ABOUT THIS TASK>
Below are some records. Retype exactly the lines from the one containing "nefndar þ. 19. 5. 1988" through the one containing "ALL AROUND 100", both included, skipping every picture.

RECORDS SHOWN>
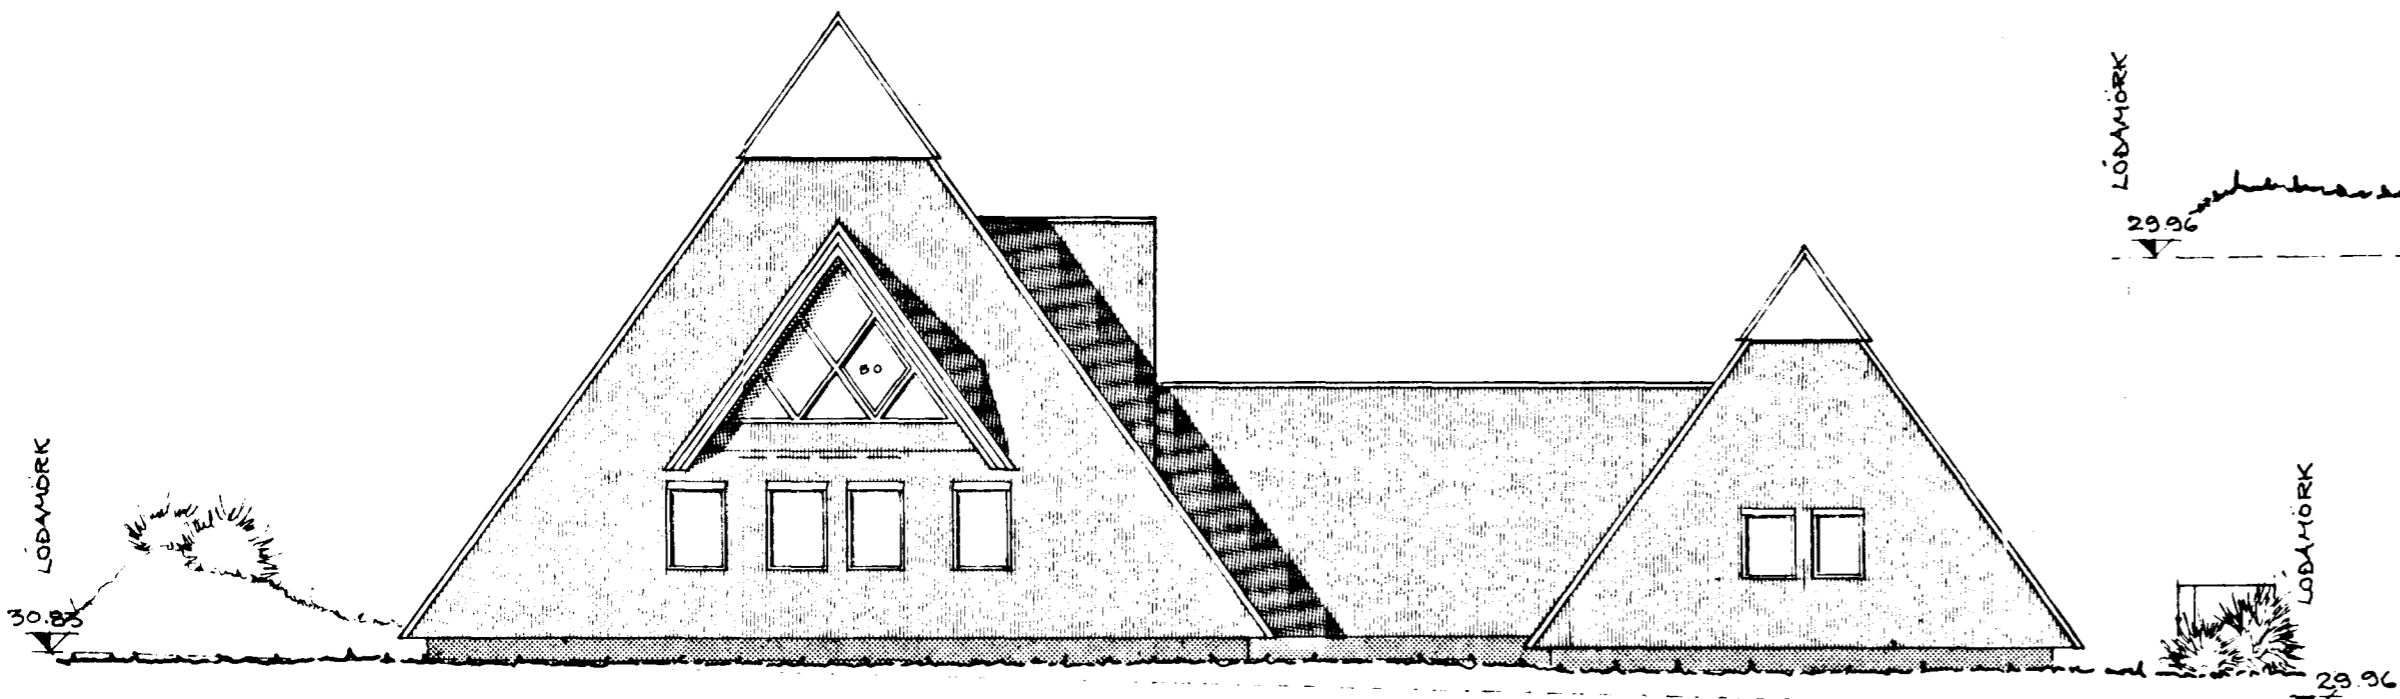

Samþykkt á fundi bygginga-
nefndar þ. 19. 5. 1988

BYGGINGAFULLTRÚINN
HAFNARFIRÐI

Robert H. J.

ÚTLIT · SUDUR

CC SNEIÐING OG ÚTLIT · VESTUR

ÚTLIT · NORDUR

ÚTLIT · AUSTUR

SNEIÐING DD

ÚTLIT · VESTUR

VINNUSTOFA II VESTURVÖR
KÖPAVOGI
SÍMI 4-0115
VÍFILL MAGNÚSSON ARK. HALLA HANNESDÓTTIR

HEITI STUÐLABERG 4
EIGN GUÐMUNDAR JÓNSSONAR
TEIKN. ÚTLIT OG SNEIÐING MKV. 1:100
DAGS. APRÍL '88 SAMÞ
TEIKN. *RF* BREYTT
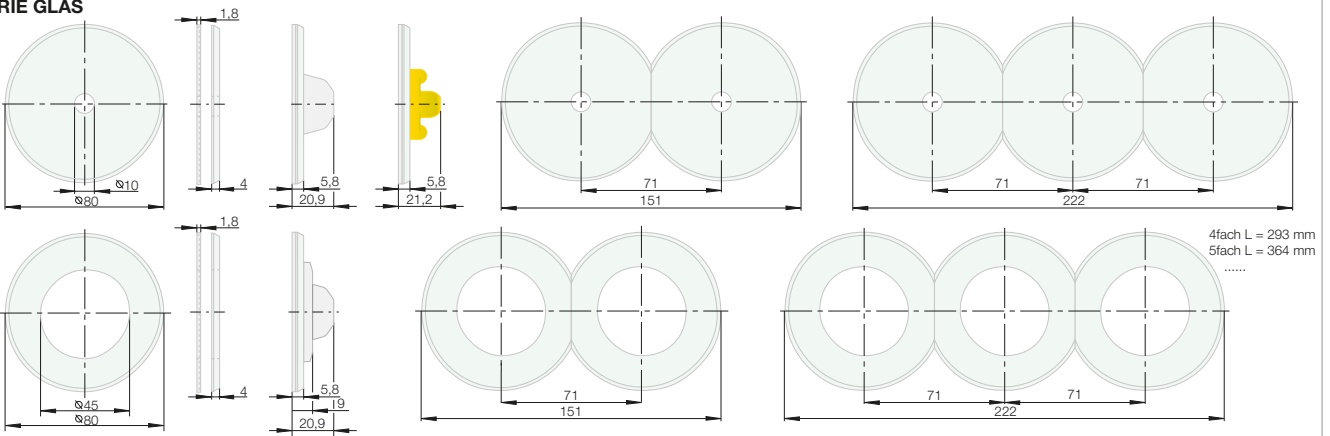

**SERIE 1930 PORZELLAN MADE BY ROSENTHAL / SERIE 1930**

**SERIE GLAS**

**SERIE R.CLASSIC**
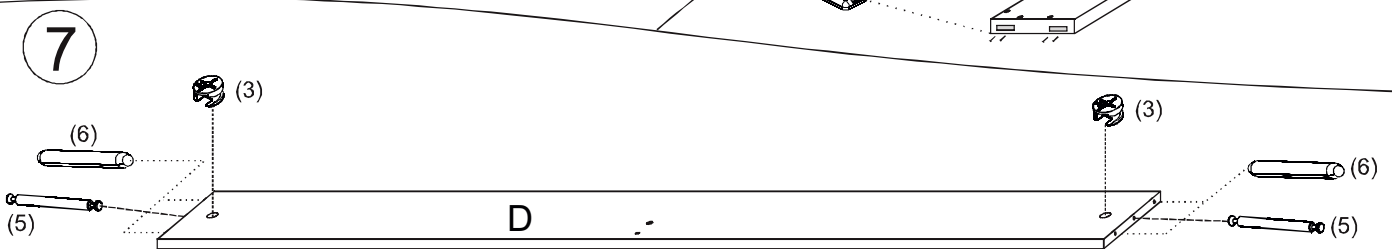

**REA&AVA™****REA Larisa  
90 120**

	950/1250
	890
	2050

**1/3 (korpus)**

<b>1</b> 	<b>2</b> 	<b>3</b> 	<b>4</b> 	<b>5</b> 	<b>6</b> 	<b>7</b> 							
kolík 8x35	46ks	tiahlo	24ks	excenter	40ks	krytka	20ks	tiahlo obojsstranné	8ks	kolík 8x60	14ks	kľazák	12ks

<b>8</b> 	<b>11</b> 	<b>14</b> 			
klinec 1,2x25	24ks	skrutka zh 3,5x16	12ks	uholník	6ks

J 4ks  
16x144x494

10

11

12

1x  
L/P
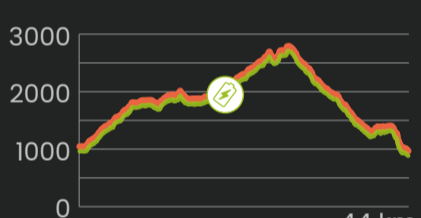

SHARE YOUR PASSION ALL AROUND!

ALL AROUND 200
ALL AROUND 100

5-9 JUILLET 2022
4 ÉTAPES
D+ 8.000 m / D- 11.000 m
Départ et arrivée à Cogne

200 km

INSCRIPTION **570€**
après le 30 avril 620€

ÉTAPE 1

COGNE › FORT DE BARD › GRESSONEY LA TRINITÉ
46 km / D+ 1.550 m / D- 2.700 m
Transfert en navette Fort de Bard › Gressoney

ÉTAPE 2

GRESSONEY › VAL D'AYAS › ANTEY SAINT ANDRÉ
57 km / D+ 2.400 m / D- 3.000 m

ÉTAPE 3 / 1

ANTEY SAINT ANDRÉ › S.BARTHÉLEMY › VALPELLINE
44 km / D+ 2.300 m / D- 2.350 m

ÉTAPE 4 / 2

VALPELLINE › AOSTA › PILA › COGNE
44 km / D+ 1.650 m / D- 2.900 m
Transfert avec les remontées mécaniques Aosta › Pila
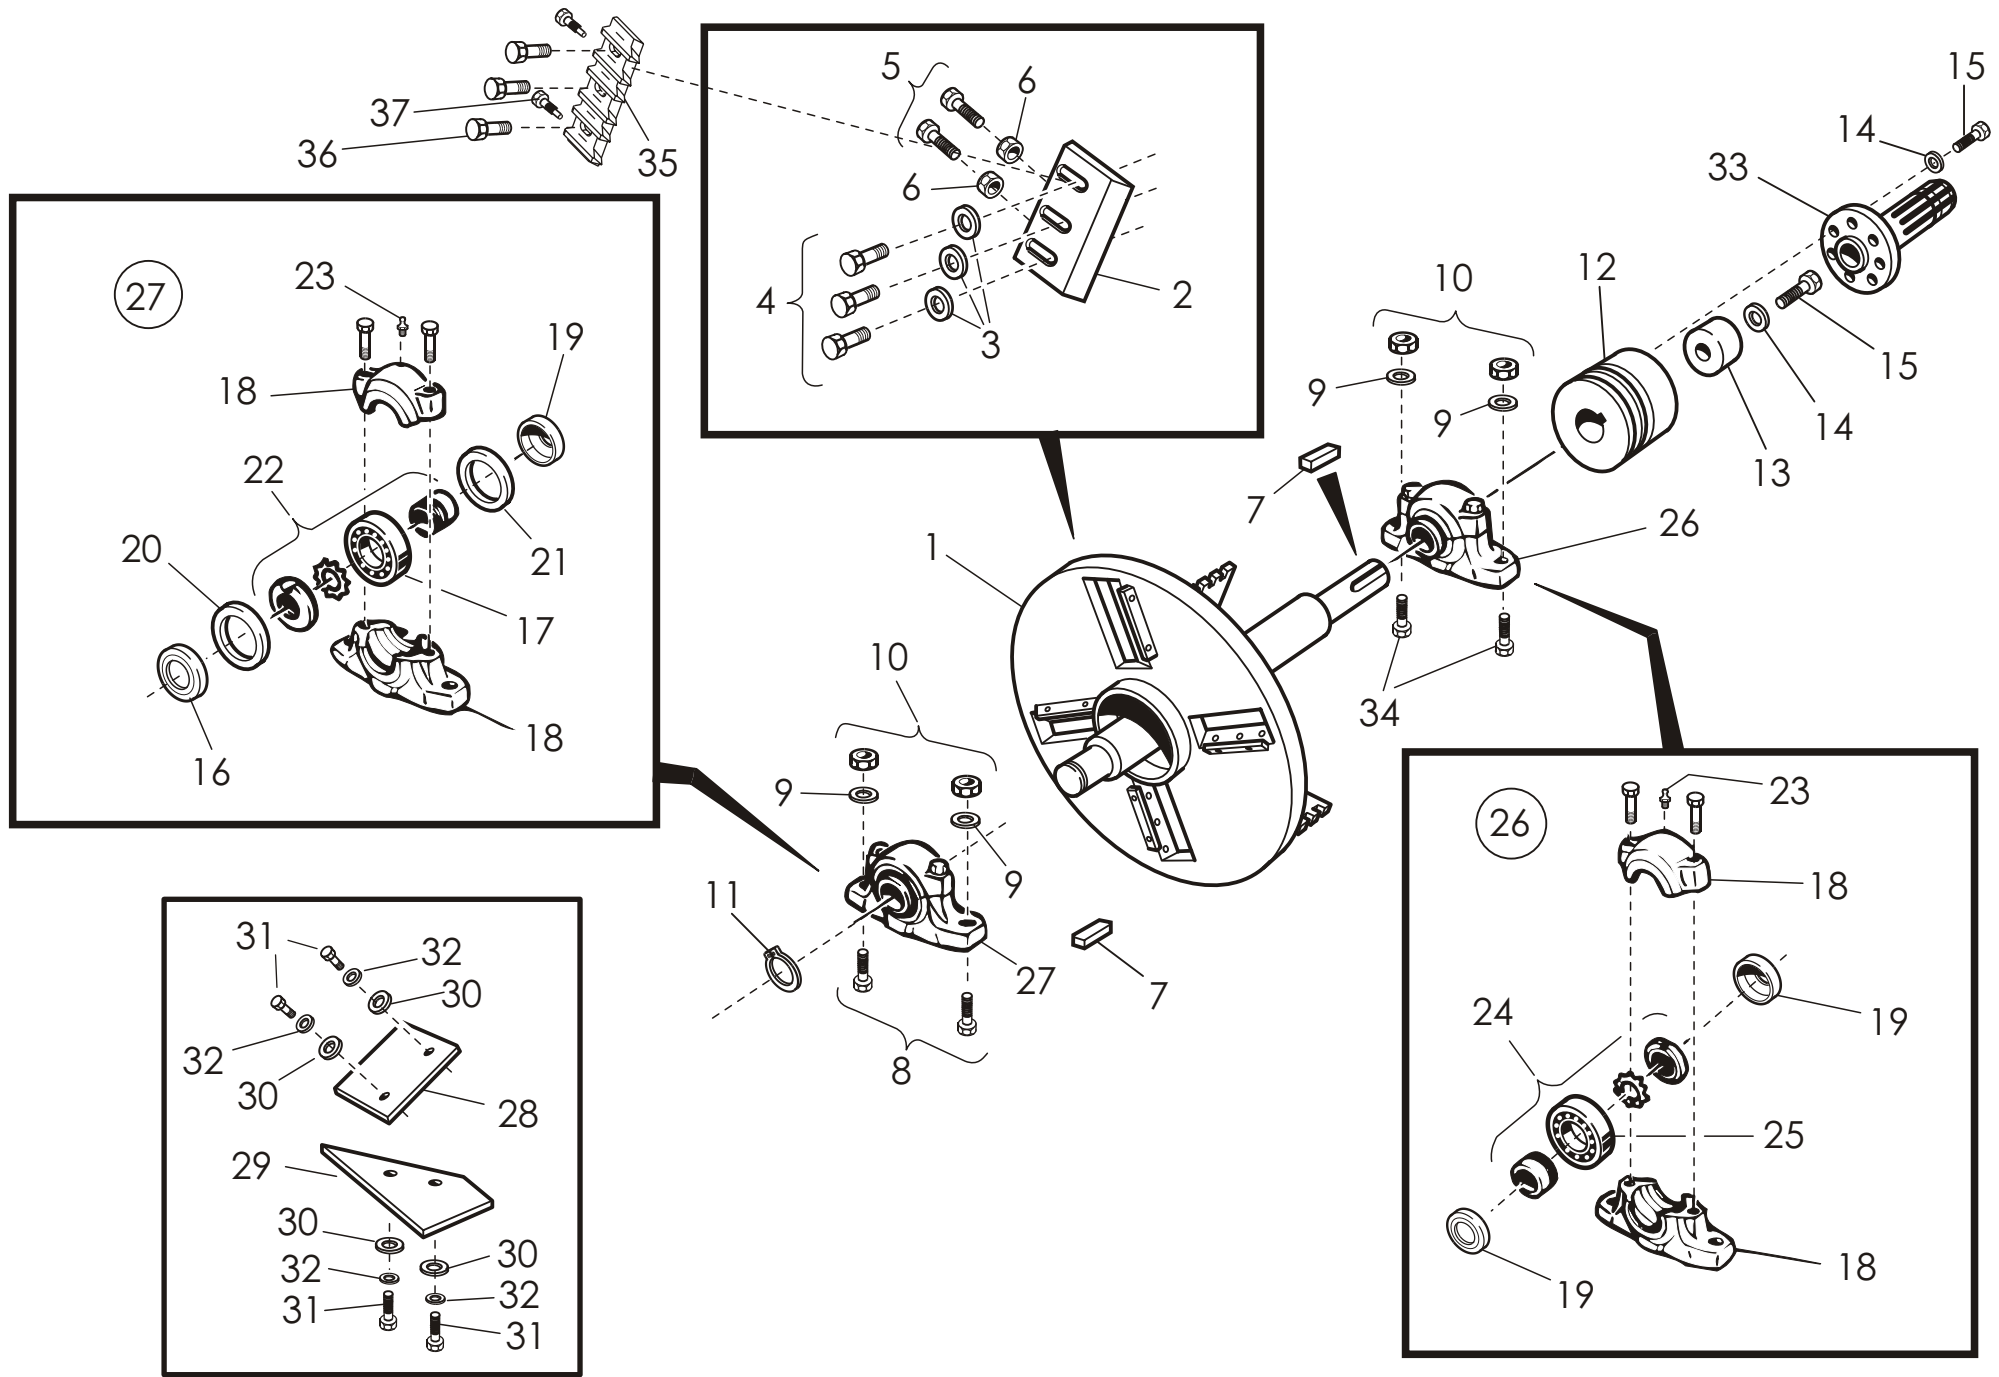

VIITE REF	KPL ST	OSANO DEL NR	KOODI KODE	NIMITYS	BENÄMNING
1	1	761101	3-41440	TERÄLAIKKA	HUGGSKIVA
2	4	D56133172	3-3250	TERÄ LEVEÄ	KNIV
3	12	761221	4-6238	ALUSLAATTA	BRICKA
4	12	A0G1L1544	M16x40	KUUSIORUUVI	SKRUV
5	8	A0C201524	M12x60	KUUSIORUUVI	SKRUV
6	8	AGC111014	M12	MUTTERI	MUTTER
7	1	761205	9x14-43	KIILA	KIL
8	2	A0G1S3014	M16x60	LUKKORUUVI	SKRUV
9	4	B5G102524	M16	ALUSLAATTA	BRICKA
10	4	AGG113014	M16 IL	KUUSIOMUTTERI	MUTTER
11	1	BH1L20024	A50x2	SEGERRENGAS	SEGERRING
12	1	761201	3-43017	KIINNITYSHOLKKI	FÄSTE
13	1	761202	4-3169	KIINNITYSLAIPPA	FLÄNS
14	7	B5COM2514	M12	JOUSIALUSLAATTA	FJÄDERBRICKA
15	7	A0C101512	M12x30	KUUSIORUUVI	SKRUV
16	1	CNATSNA00	ASNH 511-609	KANSI	TÄTNING
17	1	CE22211CK	22211 CCK	LAAKERI	LAGER
18	2	CMSNA5116	SNH 511-609	LAAKERIPESÄ	LAGERHUS
19	3	CNTSNA511	TSNA 511 A	TIIVISTE	TÄTNING
20	2	761305	4-41439	OHJAUSRENGAS	STYRNINGRING
21	1	CNFRB1050	FRB 10/100	OHJAUSRENGAS	STYRNINGRING
22	1	CNH311000	H 311	KIRISTYSHOLKKI	SPÄNNINGHOLK
23	2	BJA15800	M10x1	VOIDENIPPA	SMÖRJNIGNIPPEL
24	1	CNOH21100	H211	KIRISTYSHOLKKI	SPÄNNINGHOLK
25	1	CE1211K00	1211K	LAAKERI	LAGER
26	1	761302		LAAKERIPESÄ TÄYD.	LAGERHUS KPL
27	1	761301		LAAKERIPESÄ TÄYD.	LAGERHUS KPL
28	1	766565	3-41460	VASTATERÄ SIVULLE	MOTKNIV VERTIKAL
29	1	41372	3-41372	VASTATERÄ ALAS	MOTKNIV HORIZONTAL
30	5	772803	4-6663	ALUSLAATTA	BRICKA
31	5	A0G151524	M16x35	KUUSIORUUVI	SKRUV
32	5	B5G102524	M16	ALUSLAATTA	BRICKA
33	1	761250	3-3815	URA-AKSELI	AXEL
34	2	A0G201514	M16x60	KUUSIORUUVI	SKRUV
35*	4	48325	3-48325	RISUTERÄ	RISKNIV
36*	12	A0G1L1514	M16x50	KUUSIORUUVI	SEKANTSKRUV
37*	8	49359	4-49359	TERÄN SÄÄTÖRUUVI	SEKANTSKRUV

LISÄVARUSTE

TILLÄGGSUTRUSTNING

PROBLEM SOLUTION>
nefndar þ. 19. 5. 1988

BYGGINGAFULLTRÚINN
HAFNARFIRÐI

Robert H. J.

ÚTLIT · SUDUR

CC SNEIÐING OG ÚTLIT · VESTUR

ÚTLIT · NORDUR

ÚTLIT · AUSTUR

SNEIÐING DD

ÚTLIT · VESTUR

VINNUSTOFA II VESTURVÖR
KÖPAVOGI
SÍMI 4-0115
VÍFILL MAGNÚSSON ARK. HALLA HANNESDÓTTIR

HEITI STUÐLABERG 4
EIGN GUÐMUNDAR JÓNSSONAR
TEIKN. ÚTLIT OG SNEIÐING MKV. 1:100
DAGS. APRÍL '88 SAMÞ
TEIKN. *RF* BREYTT

**SERIE 1930 PORZELLAN MADE BY ROSENTHAL / SERIE 1930**

**SERIE GLAS**

**SERIE R.CLASSIC**

**REA&AVA™****REA Larisa  
90 120**

	950/1250
	890
	2050

**1/3 (korpus)**

<b>1</b> 	<b>2</b> 	<b>3</b> 	<b>4</b> 	<b>5</b> 	<b>6</b> 	<b>7</b> 							
kolík 8x35	46ks	tiahlo	24ks	excenter	40ks	krytka	20ks	tiahlo obojsstranné	8ks	kolík 8x60	14ks	kľazák	12ks

<b>8</b> 	<b>11</b> 	<b>14</b> 			
klinec 1,2x25	24ks	skrutka zh 3,5x16	12ks	uholník	6ks

J 4ks  
16x144x494

10

11

12

1x  
L/P

SHARE YOUR PASSION ALL AROUND!

ALL AROUND 200
ALL AROUND 100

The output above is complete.